By the 1850s, The Globe had become an independent and well-regarded daily newspaper. It began distribution by railway to other cities in Ontario shortly after Canadian Confederation. At the dawn of the twentieth century, The Globe added photography, a women's section, and the slogan "Canada's National Newspaper," which remains on its front-page banner today. It began opening bureaus and offering subscriptions across Canada.
On November 23, 1936, The Globe (which had a circulation of 78,000 by this point) merged with The Mail and Empire (circulation 118,000), itself formed through a merger in 1895 between The Toronto Mail and Toronto Empire. The Mail was founded in 1872 by a rival of Brown's, Tory politician Sir John A. Macdonald. Macdonald was the first Prime Minister of Canada and the founder of the party that spawned the modern Conservative Party of Canada, and The Mail served as a Conservative Party organ.
With the merger, The Globe became The Globe and Mail. Press reports at the time stated, "the minnow swallowed the whale". The merger was arranged by George McCullagh, who fronted for mining magnate William Henry Wright and became the first publisher of The Globe and Mail. McCullagh committed suicide in 1952, and the newspaper was sold to the Webster family of Montreal. As the paper lost ground to The Toronto Star in the local Toronto market, it began to expand its national circulation.
In 1965, the paper was bought by Winnipeg-based FP Publications, controlled by Brig. Richard Malone, which owned a chain of local Canadian newspapers. FP put a strong emphasis on the Report on Business section that was launched in 1962, thereby building the paper's reputation as the voice of Toronto's business community. FP Publications and The Globe and Mail were sold in 1980 to The Thomson Corporation, a company run by the family of Kenneth Thomson.
In 2001, The Globe and Mail was combined with broadcast assets held by Bell Canada to form the joint venture Bell Globemedia. Nine years later, at the end of 2010, the Thomson family, through its holding company Woodbridge, acquired direct control of The Globe and Mail with an 85-percent stake. BCE continues to hold 15 percent.
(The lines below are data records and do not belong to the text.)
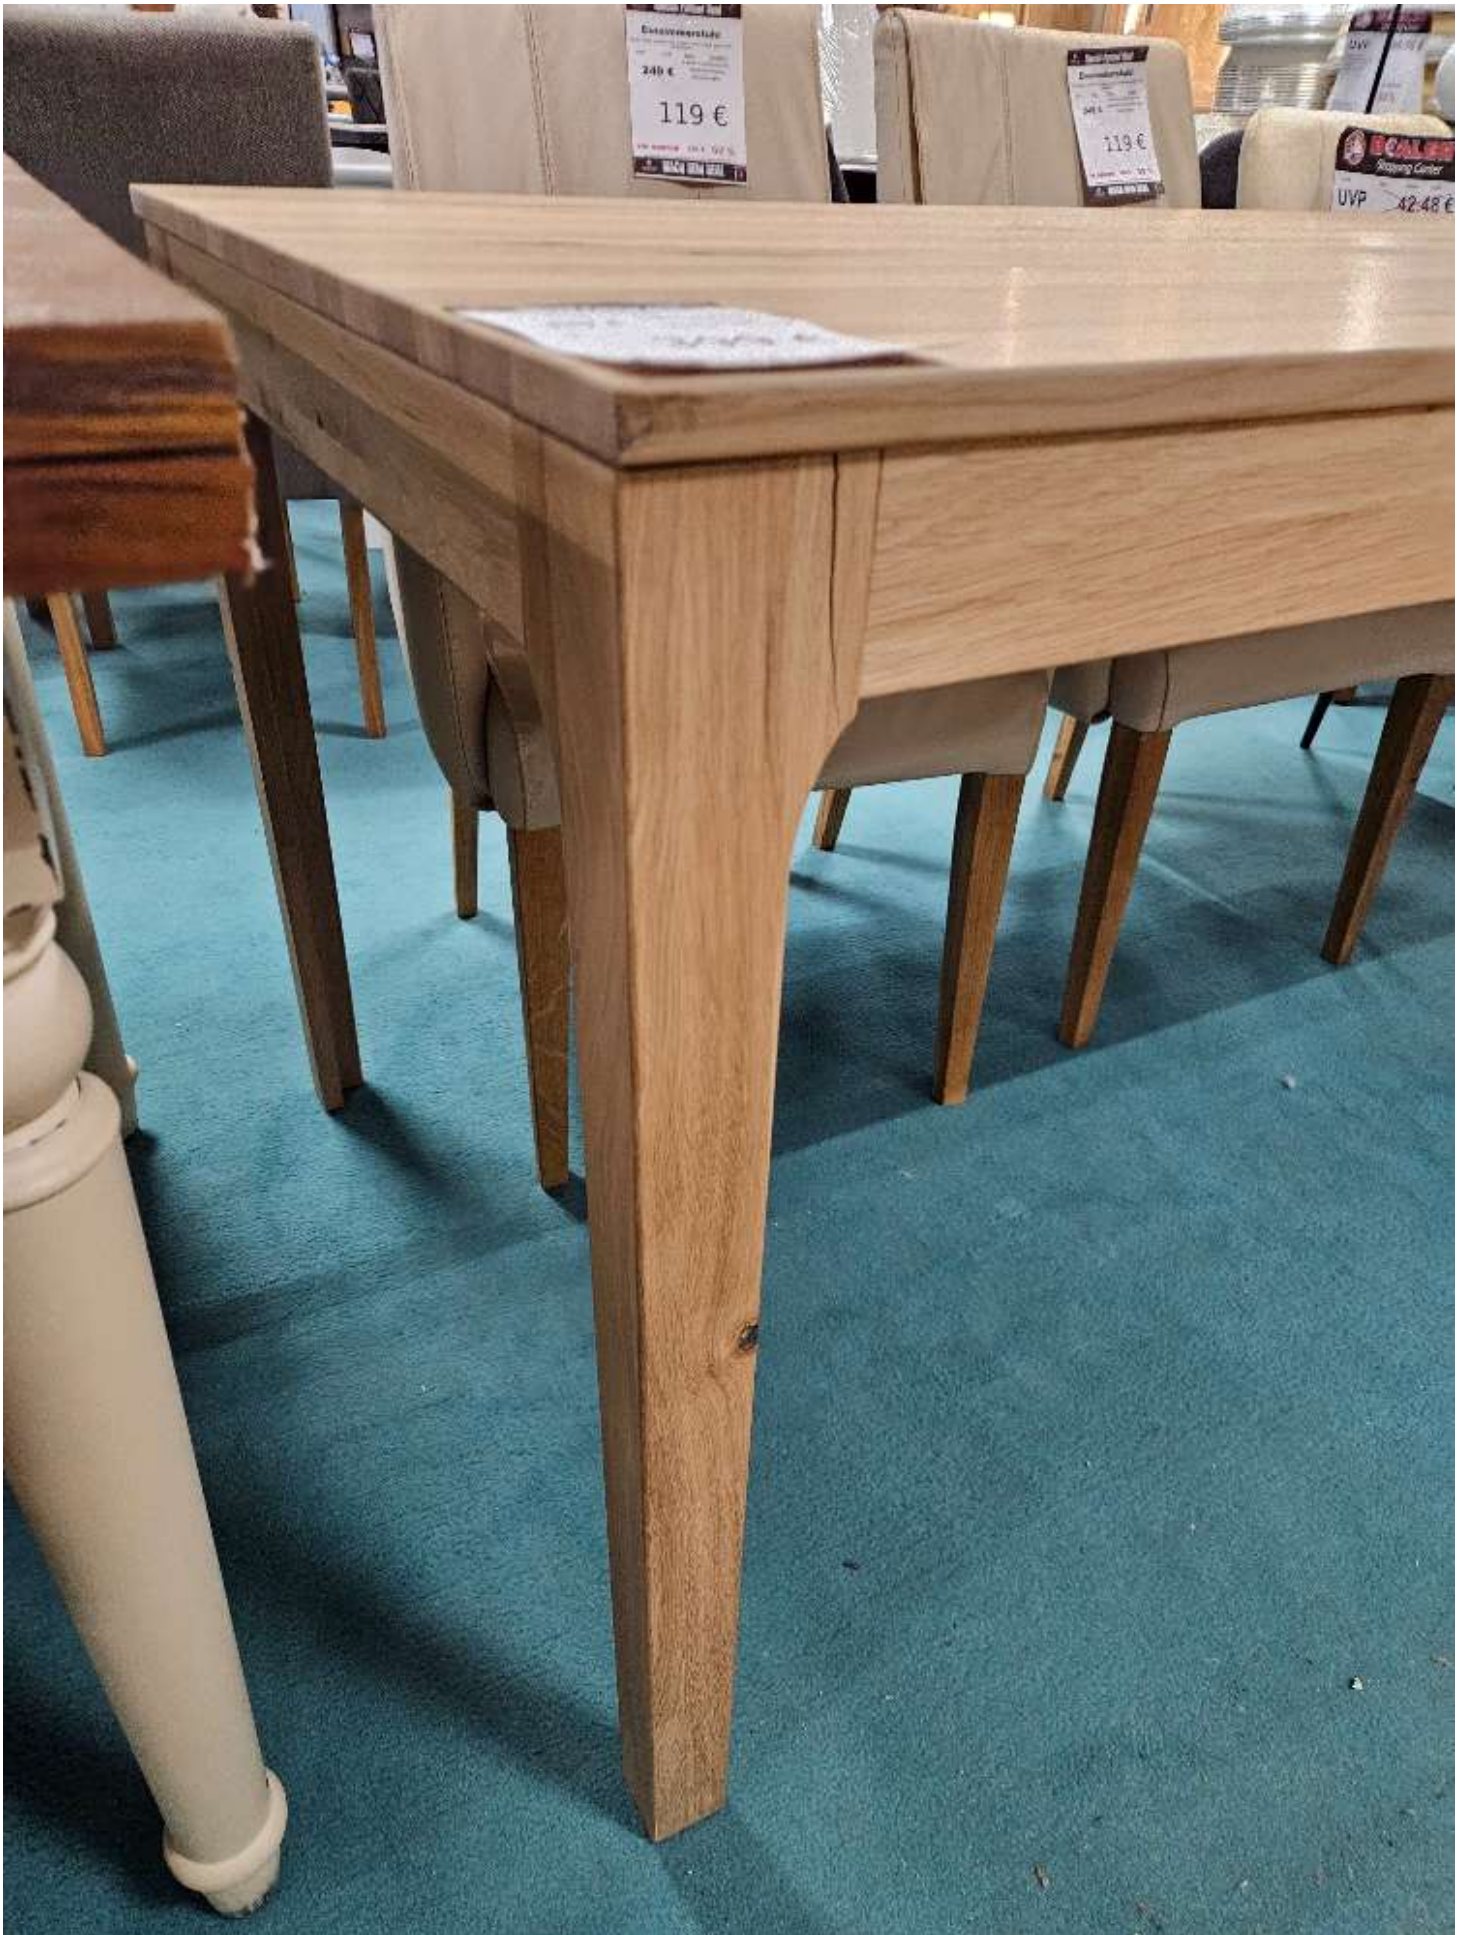

Special Partner Deal

Esstisch Magnus

massive Wildeiche geölt, durch Frontauszug verlängerbar, Maße
ca. B: 80cm, L: 180cm-240cm, H: 76,5cm

UVP

H92

ArtNr:

415773

~~939 €~~

The Globe and Mail has always been a morning newspaper. Since the 1980s, it has been printed in separate editions in six Canadian cities: Halifax, Montreal, Toronto (several editions), Winnipeg (actually printed in Brandon, Manitoba), Calgary and Vancouver.
In 1995, the paper launched its Web site, globeandmail.com; on June 9, 2000, the Web site began covering breaking news with its own content and journalists in addition to the content of the print newspaper. It later spawned a companion Web site, globeinvestor.com, focusing on financial and investment-related news. In 2004, access to some features of globeandmail.com became restricted to paid subscribers only. The subscription service was revised a few years later to become a service called Globe Plus, which offers an e-edition of the newspaper, access to its archives, as well as membership to a premium investment site.